• **WHAT THE TASK ASKS**:
Only a number is expected here: the count of lines in this data where "options" occurs.
··· DATA TO EXAMINE
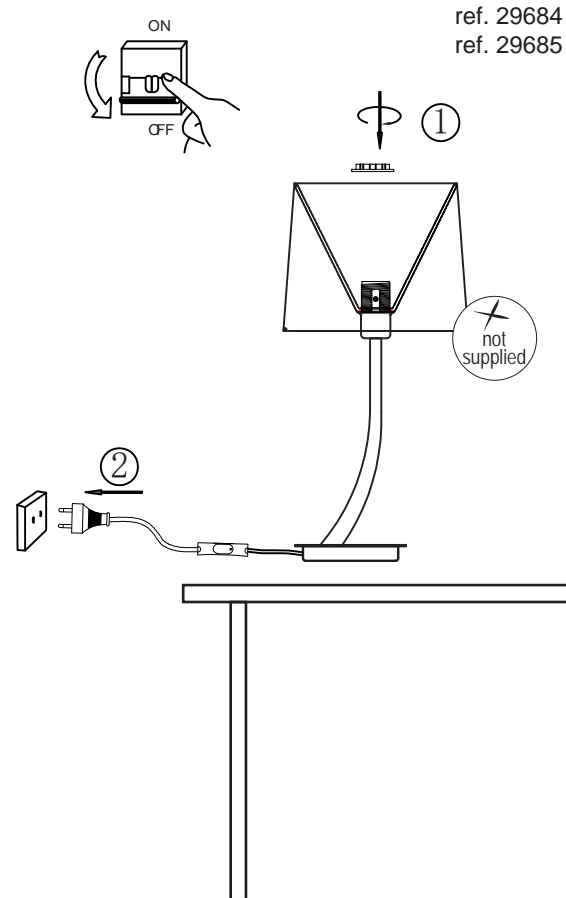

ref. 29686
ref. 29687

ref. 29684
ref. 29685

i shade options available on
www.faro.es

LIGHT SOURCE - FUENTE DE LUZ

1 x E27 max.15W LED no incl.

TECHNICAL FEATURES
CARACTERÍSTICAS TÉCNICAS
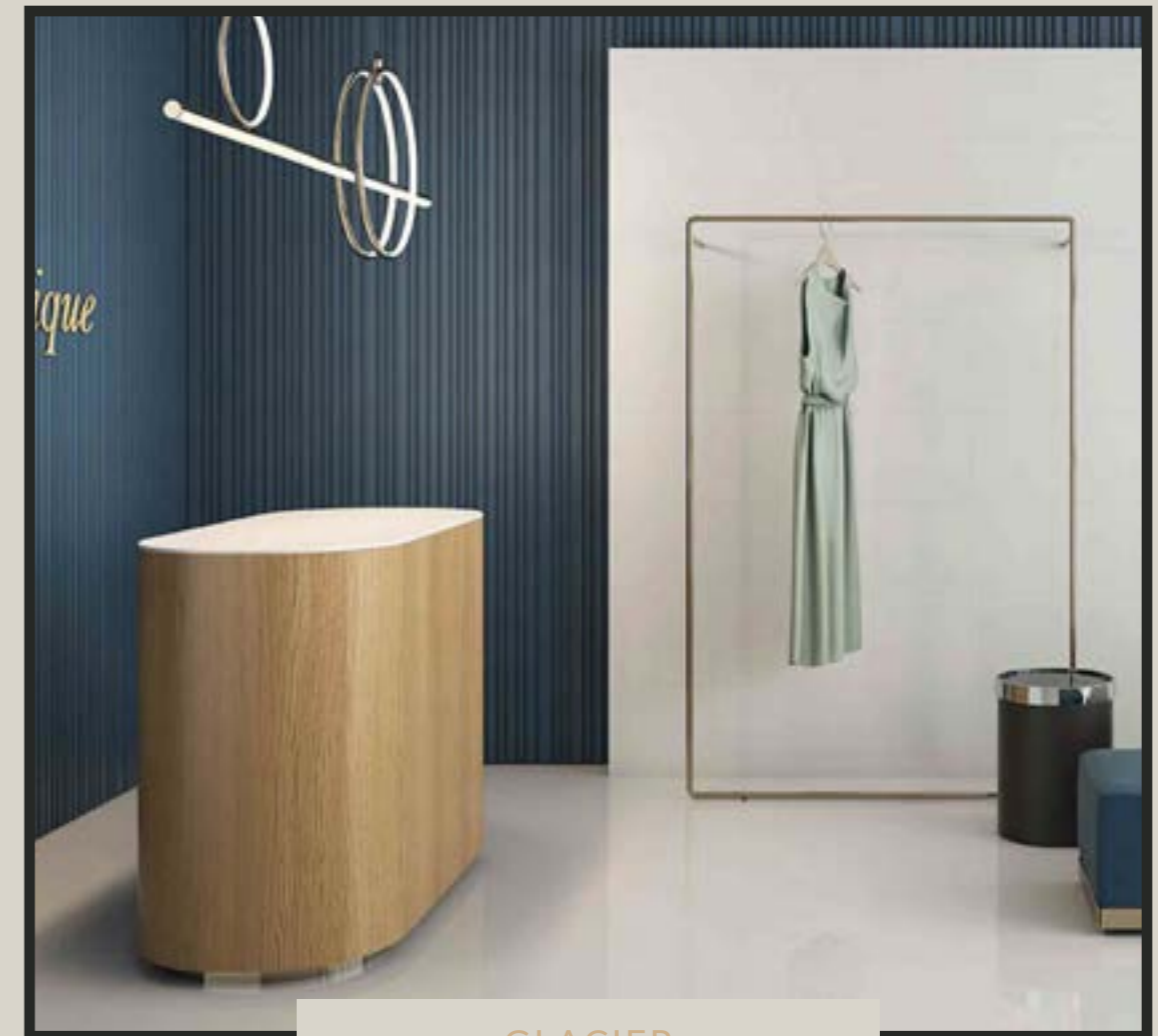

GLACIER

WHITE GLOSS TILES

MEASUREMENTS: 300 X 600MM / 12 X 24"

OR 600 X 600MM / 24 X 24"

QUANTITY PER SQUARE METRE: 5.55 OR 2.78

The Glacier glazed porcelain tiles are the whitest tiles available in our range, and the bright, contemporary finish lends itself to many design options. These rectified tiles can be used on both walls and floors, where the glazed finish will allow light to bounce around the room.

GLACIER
······
··· DATA TO EXAMINE
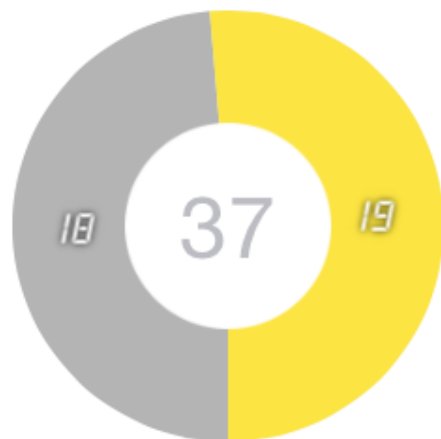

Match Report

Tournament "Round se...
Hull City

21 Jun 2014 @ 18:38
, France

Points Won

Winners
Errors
······
• **REPLY TO THE EXERCISE**:
2